The answer must consist of every line from the data that holds the string "táblákat".

Study material —
- - -

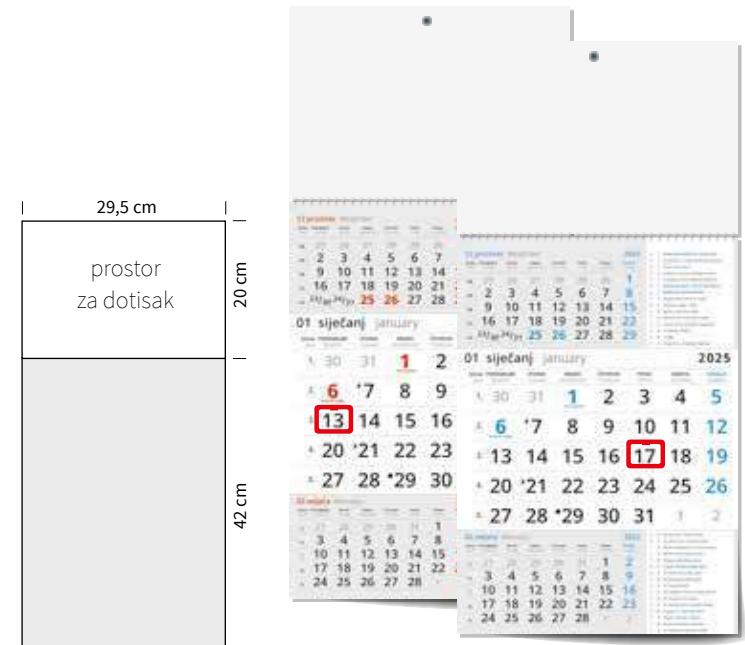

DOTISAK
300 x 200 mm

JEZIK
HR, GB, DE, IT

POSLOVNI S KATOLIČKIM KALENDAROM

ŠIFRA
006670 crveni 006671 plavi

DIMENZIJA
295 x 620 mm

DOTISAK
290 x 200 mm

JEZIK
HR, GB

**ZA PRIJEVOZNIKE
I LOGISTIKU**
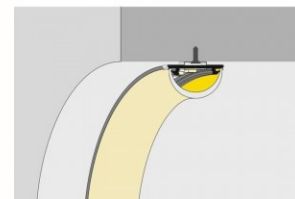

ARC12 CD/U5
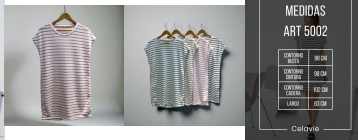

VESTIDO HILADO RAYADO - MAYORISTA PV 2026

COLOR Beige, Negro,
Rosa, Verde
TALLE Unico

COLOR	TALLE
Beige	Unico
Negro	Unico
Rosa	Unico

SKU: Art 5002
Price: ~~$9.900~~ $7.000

- - -

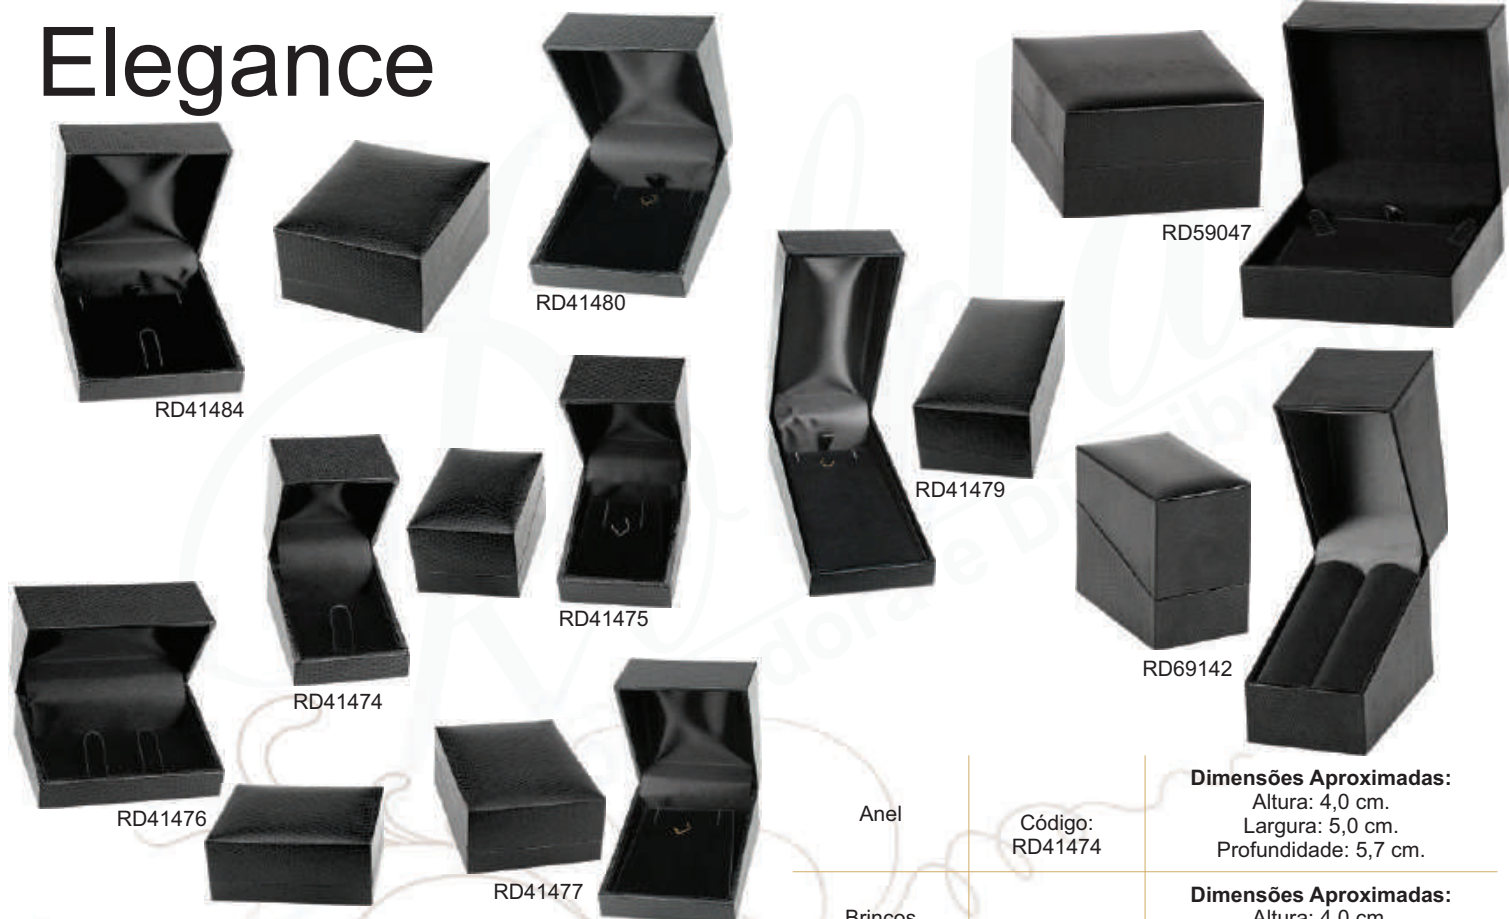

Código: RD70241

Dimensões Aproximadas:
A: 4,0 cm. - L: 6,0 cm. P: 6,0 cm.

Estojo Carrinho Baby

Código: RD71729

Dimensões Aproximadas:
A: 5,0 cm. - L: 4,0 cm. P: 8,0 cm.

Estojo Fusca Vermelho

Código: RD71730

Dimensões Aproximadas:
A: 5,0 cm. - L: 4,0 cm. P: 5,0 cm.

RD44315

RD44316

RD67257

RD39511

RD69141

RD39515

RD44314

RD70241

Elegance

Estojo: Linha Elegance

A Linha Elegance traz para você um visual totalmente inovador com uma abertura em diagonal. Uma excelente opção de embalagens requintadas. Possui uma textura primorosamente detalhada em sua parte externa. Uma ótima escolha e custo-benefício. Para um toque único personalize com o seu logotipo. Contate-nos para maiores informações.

- - -

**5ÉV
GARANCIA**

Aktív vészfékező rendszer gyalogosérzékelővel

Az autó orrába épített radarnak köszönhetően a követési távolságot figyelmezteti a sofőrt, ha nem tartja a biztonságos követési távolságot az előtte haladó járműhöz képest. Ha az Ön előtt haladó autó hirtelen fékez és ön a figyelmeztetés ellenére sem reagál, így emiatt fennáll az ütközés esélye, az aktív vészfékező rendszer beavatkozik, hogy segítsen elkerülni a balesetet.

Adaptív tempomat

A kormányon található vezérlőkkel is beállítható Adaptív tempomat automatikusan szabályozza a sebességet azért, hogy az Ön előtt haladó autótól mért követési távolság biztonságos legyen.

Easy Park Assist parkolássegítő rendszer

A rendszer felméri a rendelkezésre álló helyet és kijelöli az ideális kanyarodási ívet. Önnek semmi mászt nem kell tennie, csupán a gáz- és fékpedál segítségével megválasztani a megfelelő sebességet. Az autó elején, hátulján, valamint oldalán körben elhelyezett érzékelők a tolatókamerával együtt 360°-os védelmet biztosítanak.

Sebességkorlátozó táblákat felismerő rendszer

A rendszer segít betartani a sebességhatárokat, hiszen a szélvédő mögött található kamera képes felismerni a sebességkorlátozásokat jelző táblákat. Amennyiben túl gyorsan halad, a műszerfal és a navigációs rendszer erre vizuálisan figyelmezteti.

- - -

Written response —
Sebességkorlátozó táblákat felismerő rendszer
A rendszer segít betartani a sebességhatárokat, hiszen a szélvédő mögött található kamera képes felismerni a sebességkorlátozásokat jelző táblákat. Amennyiben túl gyorsan halad, a műszerfal és a navigációs rendszer erre vizuálisan figyelmezteti.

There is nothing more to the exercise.